La quiero mucho y he llegado a desearla, pero me detiene el sentimiento de culpa anticipado, al creer que le puedo hacer daño con mis amores venenosos. Pero ese día surgió una enorme duda de cuál amor sería más venenoso, si el mío o el de ella, pues tenía un presentimiento acerca de los jovenzuelos. Tuve miedo de insinuar algo sobre nuestros posibles amoríos y preferí indagar sobre los adolescentes. Los años y los momentos vividos me daban la autoridad tácita para preguntar abiertamente sobre los chicos que deambulaban es su casa, me tardé un poco en decidirme pero al final se lo pregunté. Me dijo que eran chicos que encontraba en la calle y les invitaba un café para platicar sobre su vida, después, si le interesaban, los invitaba a pasar una temporada en su casa, que por cierto estaba en una de las mejores zonas de la ciudad, cosa que a los chicos les fascinaba pues en apariencia mejoraba su vida y su estatus. Mientras me platicaba esto, tres de los chicos, después de recoger sus respectivas mantas, salieron al jardín y se quedó con la manta tendida el de la cicatriz en el vientre que parecía ser el preferido por ella.
Estaba un poco sorprendido por esa actitud de mi amiga, pues no la imaginaba haciendo ese tipo de cosas, es decir, cambiar placer sexual por comodidades primordiales como alimento y techo, pero a ella parecía no importarle mi opinión, me daba la impresión de que trataba de disfrazar la situación como un acto de caridad, de esos que acostumbran los religiosos adinerados. De pronto bajó un muchacho de presencia menos escuálida, de piel más clara y facciones agradables, vestía una playera sin magas que dejaba desnudos sus brazos de músculos suavemente definidos. Fue por una botella de vino a un pequeño almacén que estaba en la sala. La interrogué con la mirada y me dijo que “ese” era de su hermana.
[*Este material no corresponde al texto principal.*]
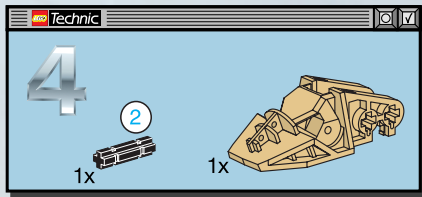

8001

TECHNIC

STAR  
WARS

EPISODE I

BATTLE DROID

LEGO Technic
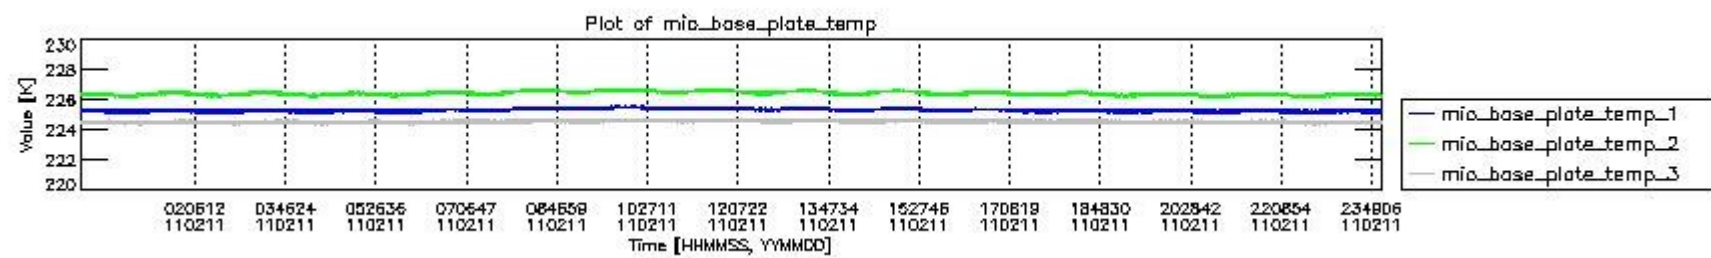

mipas_daily_report_level0_KSPT_L0_4504_N_20110211_1.PNG
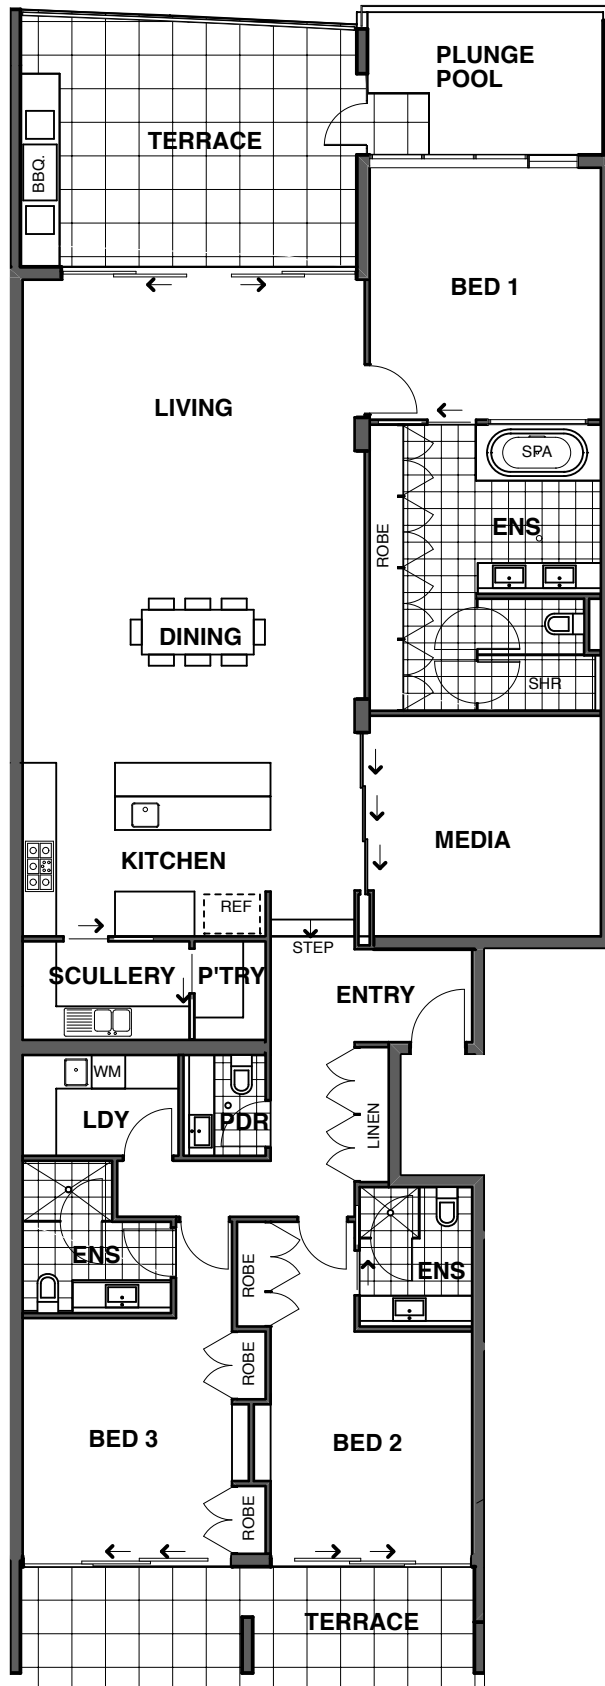

SETTLER'S COVE

THE ESSENCE OF NOOSA STYLE

INTERNAL: 224.0m²
TERRACES: 59.0m²

APARTMENT 105 - ILUKA - LOT 5 - SERENITY CLOSE

Algo no le agradó y me invitó a salir por un café. Nos levantamos de la sala y fuimos a la cochera por el auto, el jovenzuelo de la cicatriz se levantó apresurado y se puso una playera similar a la del otro muchacho, pero esta dejaba desnudos los huesudos brazos del chico, que para mi sorpresa se subió con nosotros al automóvil. No había luz, la puerta mecánica no funcionaba y ella se bajó a abrirla manualmente, sacó el vehículo y nuevamente se bajó a cerrarla, nos quedamos el mozalbete y yo en el auto que estaba emparejado con otro estacionado, un auto nuevo, de lujo, de esos que era común ver en la zona. En la ventanilla del otro automóvil se reflejaba el nuestro y la imagen de uno de esos jovenzuelos mirando por la ventanilla, pero no era el de la cicatriz en el vientre ni ninguno de los otros tres, era otro. Ella se subió, me sonrió y arrancó, me distraje mirando las casas de la zona pensando en el reflejo que acababa de ver en la ventanilla del automóvil estacionado. No quería voltear a verla, tampoco quería ver mis brazos, tenía miedo de descubrir que también traía una playera sin mangas.